• _ACTIVITY_
Each line below should be repeated exactly as written, with no pictures carried over.

====== EXTRACTED MATERIAL ======

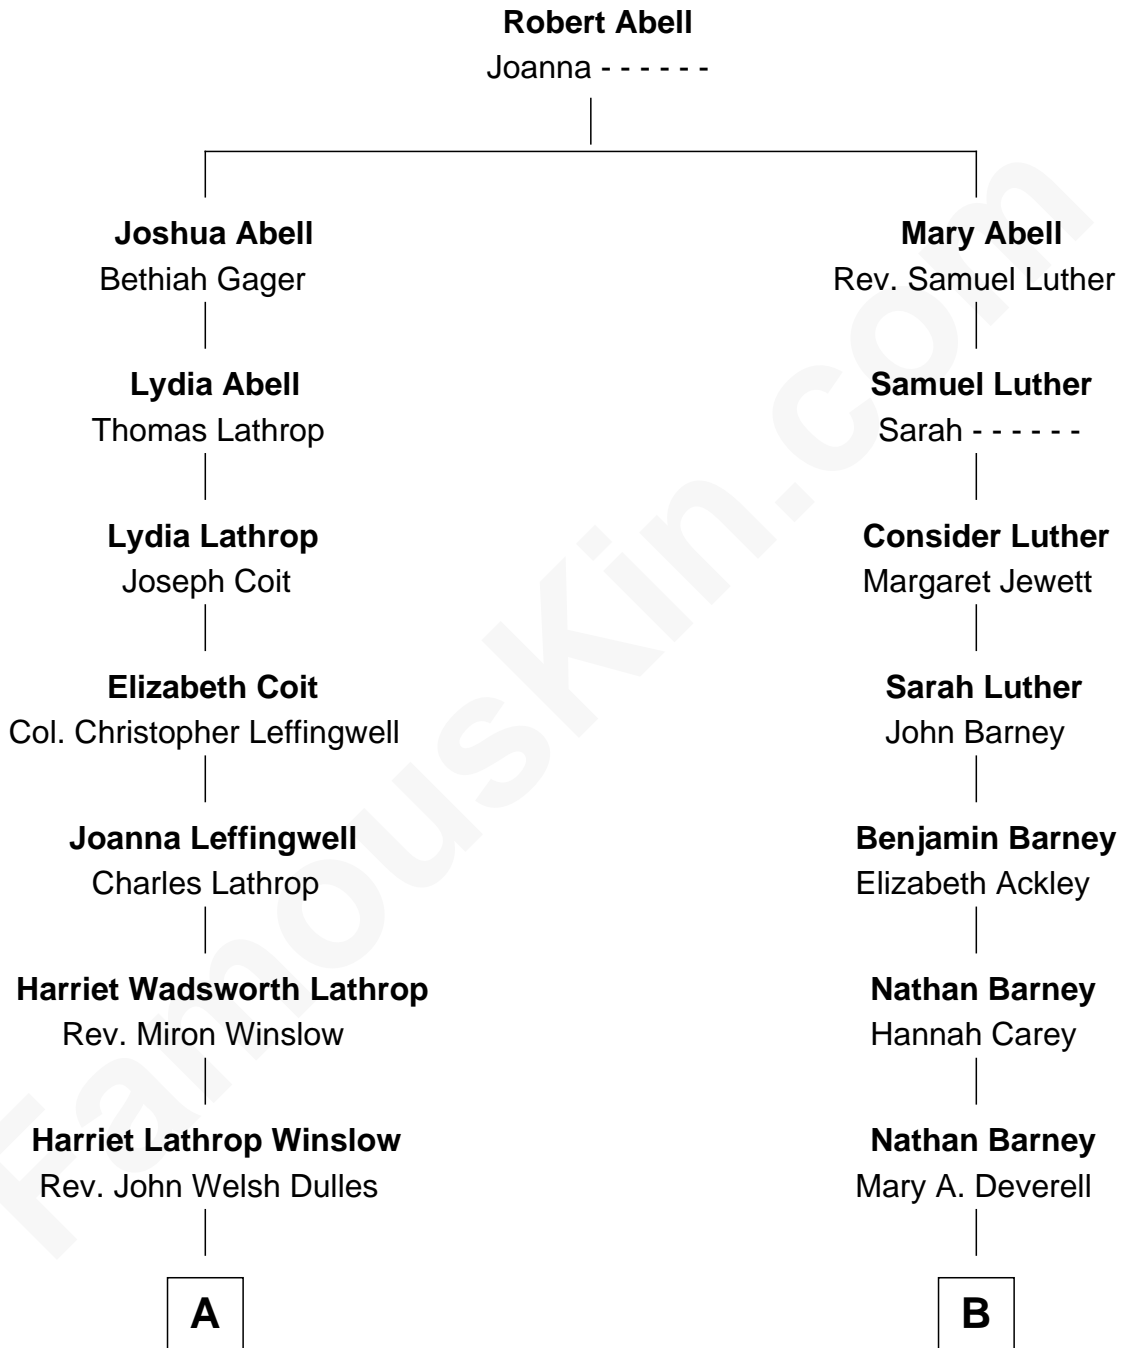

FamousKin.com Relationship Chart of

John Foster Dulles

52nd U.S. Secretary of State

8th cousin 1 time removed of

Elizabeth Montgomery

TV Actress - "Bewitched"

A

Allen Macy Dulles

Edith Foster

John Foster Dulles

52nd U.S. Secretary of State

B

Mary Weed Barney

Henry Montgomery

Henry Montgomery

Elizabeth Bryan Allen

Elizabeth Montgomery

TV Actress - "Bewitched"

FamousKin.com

======

• _EXERCISE OUTPUT_
FamousKin.com Relationship Chart of

John Foster Dulles

52nd U.S. Secretary of State

8th cousin 1 time removed of

Elizabeth Montgomery

TV Actress - "Bewitched"

A

Allen Macy Dulles

Edith Foster

John Foster Dulles

52nd U.S. Secretary of State

B

Mary Weed Barney

Henry Montgomery

Henry Montgomery

Elizabeth Bryan Allen

Elizabeth Montgomery

TV Actress - "Bewitched"

FamousKin.com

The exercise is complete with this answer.